In practice, the legislation has proved to be hollow as this mutli-disciplinary terminal care treatment  is rarely delivered in a timely or appropriate form, if at all, say those working in this developing field for Mexico.

For Dr. Susana Lua Nava, a nun who runs the non-profit Juntos Contra el Dolor, a four-year-old palliative care hospital/clinic in Guadalajara, the problem lies mostly with an indifferent medical profession. 

“We still need the medical body to accept palliative care as a specialty,” she says. “Doctors can’t do everything on their own. Oncologists usually don’t inform the families of those with terminal cancer that they can have access to services that address their emotional, social and spiritual concerns, as well as physical ones. They don’t tell them of the options to dignify their final days.”

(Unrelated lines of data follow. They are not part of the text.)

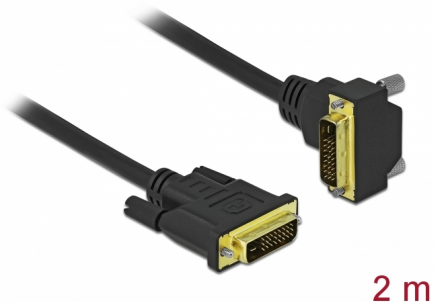

Delock Cavo DVI da 24+1 maschio per 24+1 maschio angolato 2 m

Descrizione

Questo cavo DVI Delock può essere utilizzato per collegare un monitor DVI o un proiettore all'interfaccia DVI a un PC o computer portatile.

2 m

Articolo n. 85894

EAN: 4043619858941

Paese di origine: China

Pacchetto: Sacchetto in plastica con cerniera

Dettagli tecnici

- Connettori:
 - 1 x DVI 24+1 maschio >
 - 1 x DVI 24+1 maschio ad angolo
- DVI-D (Dual Link)
- Connettore DVI con viti
- Sezione dei cavi: 30 AWG
- Diametro cavo: ca. 7,3 mm
- Conduttore in rame
- Contatti dorati
- Cavo con doppia schermatura
- Velocità di trasferimento dati fino a 7,92 Gbps
- Risoluzione fino a 2560 x 1600 @ 60 Hz
(a seconda del sistema e dell'hardware collegato)
- Colore: nero
- Lunghezza con connettori: ca. 2 m

Connettore 1:	1 x DVI 24+1 maschio
Connettore 2:	1 x DVI 24+1 maschio

Technical characteristics

Data transfer rate:	7,92 Gb/s
Maximum screen resolution:	2560 x 1600 @ 60 Hz
Maximum refresh rate:	60 Hz

Physical characteristics

Pin finishing:	dorato
Conductor material:	rame
Conductor gauge:	30 AWG
Lunghezza:	2 m
Colour:	nero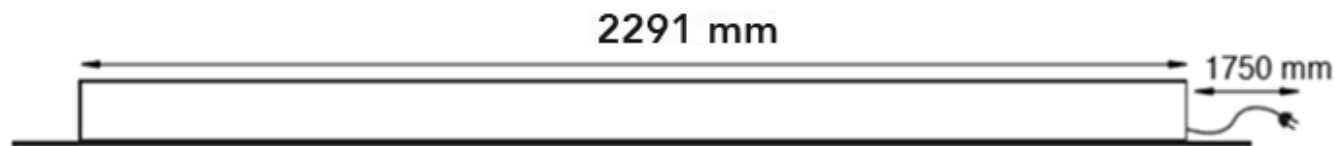

Elektrisk peis - Wimpel Ruby Trivero 240 veggmodell

Importør: Wimpel AS
Grini Næringspark 1
1361 Østerås

1. oktober 2023
Side 1 av 2

Tlf.: 67 15 75 70
E-post: wimpel@wimpel.no
Web: www.wimpel.no

Ved innfelling, må det påses tilstrekkelig ventilasjon!

Monteringsmåte 1

Monteringsmåte 2

↔ = minium 50mm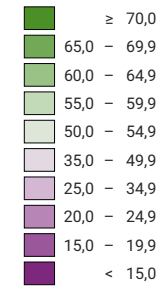

Ja-Stimmenanteil, in %

Schweiz: 23,2

Anzahl gültige Stimmen

Total: 2 579 766

Symbole mit einem Wert unter 1 000 wurden zur besseren Lesbarkeit visuell vergrössert dargestellt.

Raumgliederung:
Bezirke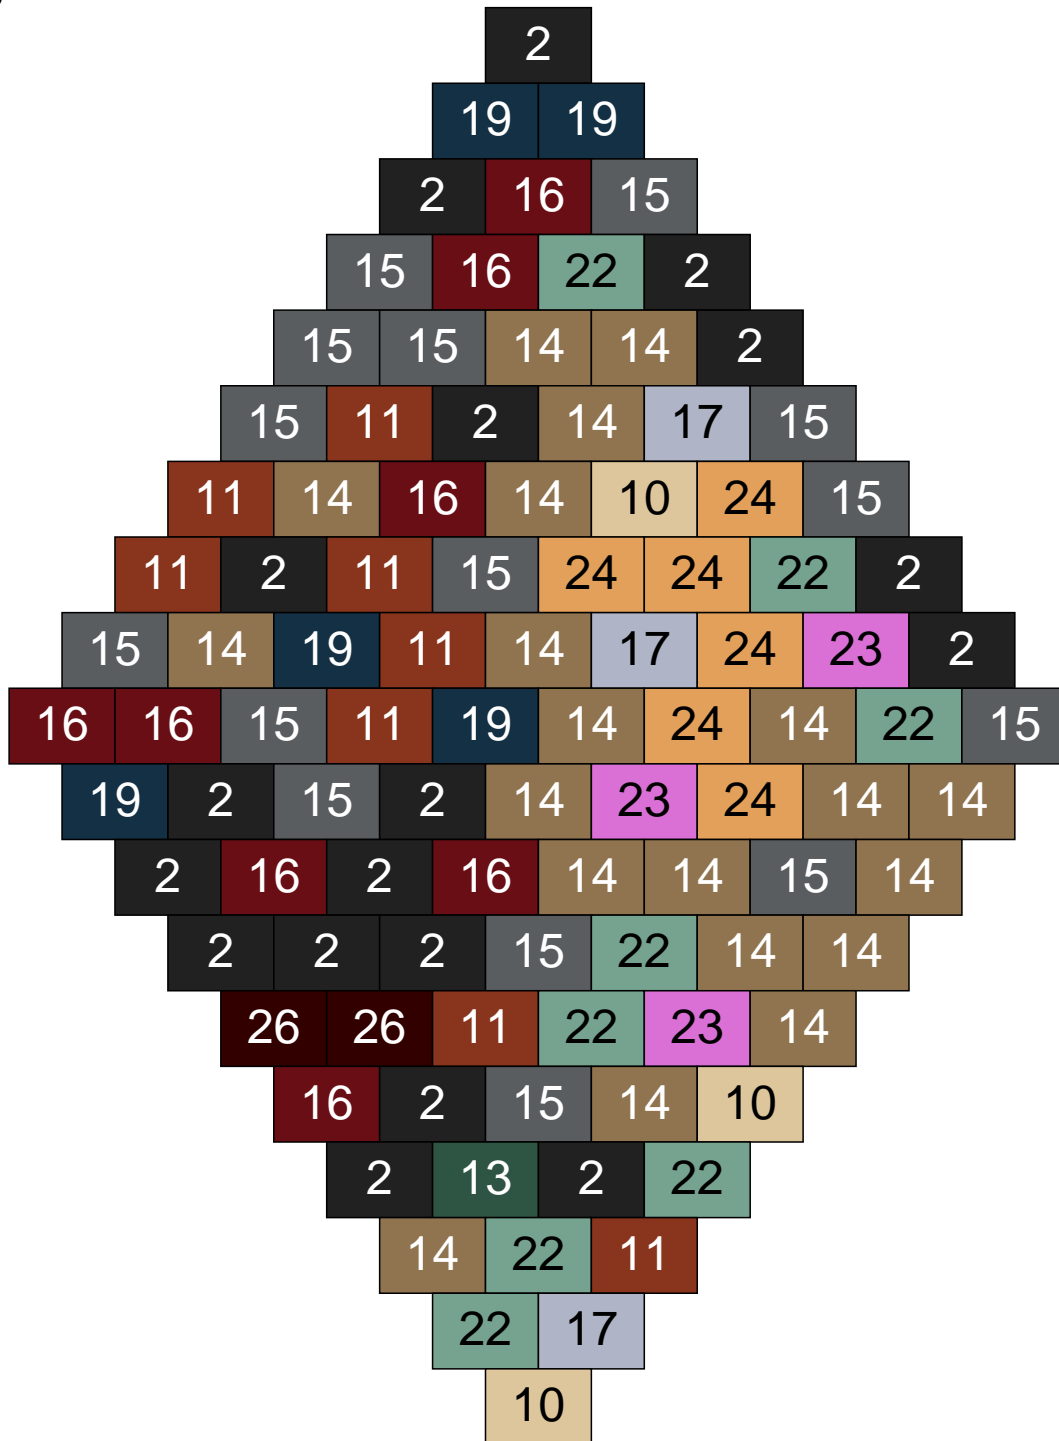

Ligne 3, Colonne 14

Couleur	Quantité	Couleur	Quantité
2 Noir	18	23 Violet clair	3
10 Beige clair	3	24 Caramel	6
11 Marron	8	26 Marron foncé	2
13 Vert foncé	1		
14 Beige foncé	20		
15 Gris foncé	15		
16 Rouge foncé	8		
17 Gris clair	3		
19 Bleu foncé	5		
22 Vert sable	8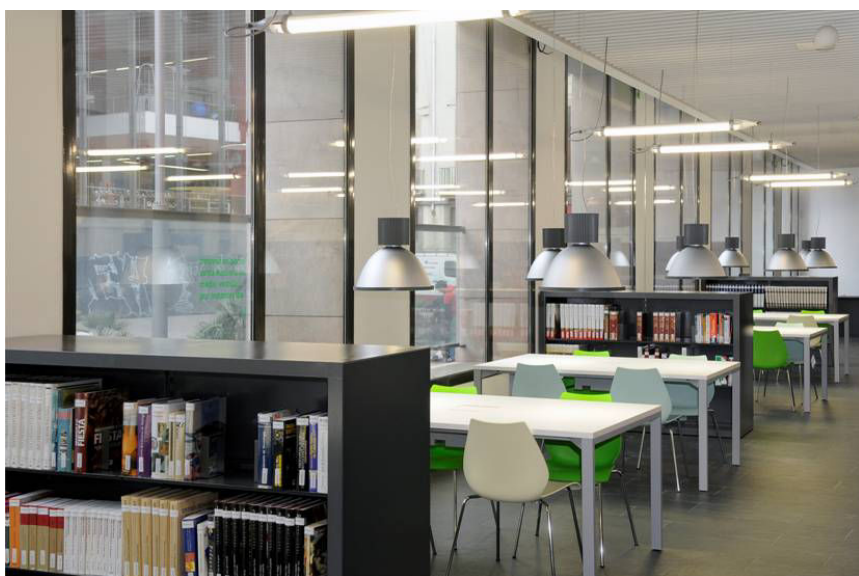

BIBLIOTECA GÒTIC-ANDREU NIN BARCELONA – Districte Ciutat Vella

- **Superfície Útil:**
994 m²
- **Superfície Construïda:**
1.160 m²
- **Arquitectes:**
M 1441 Arquitectura

- 1 Àrea d'accés
- 2 Àrea d'informació i fons general
- 3 Àrea de música i imatge
- 4 Àrea de diaris i revistes
- 5 Àrea d'informació i fons infantil
- 6 Espai de suport
- 7 Espai de formació
- 8 Espai de treball intern
- 9 Despatx de direcció
- 10 Espai de descans de personal
- 11 Dipòsit documental
- 12 Sanitaris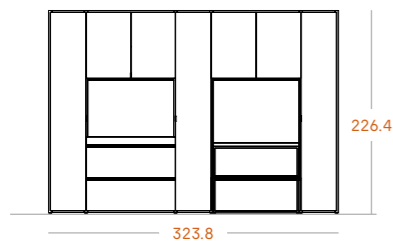

^K
4

Composición de mueble con bandeja extraíble y mesa para comer.

Medidas

Tiradores

Pestaña Grafito
Uñero metal Grafito

Palliative care in its modern context has its roots in the groundbreaking work undertaken by Cicely Saunders, who opened the world’s first purpose-built hospice in London, England in 1967.  The first hospice in the United States opened in Branford, Connecticut, in 1973.

While still in its infancy in Mexico – “we’re about 50 years behind the rest of the developed world,” notes Lua – palliative care has become an integral part of many countries’ health programs.  Around 80 percent of hospitals in the United States with more than 300 beds now have their own palliative care units.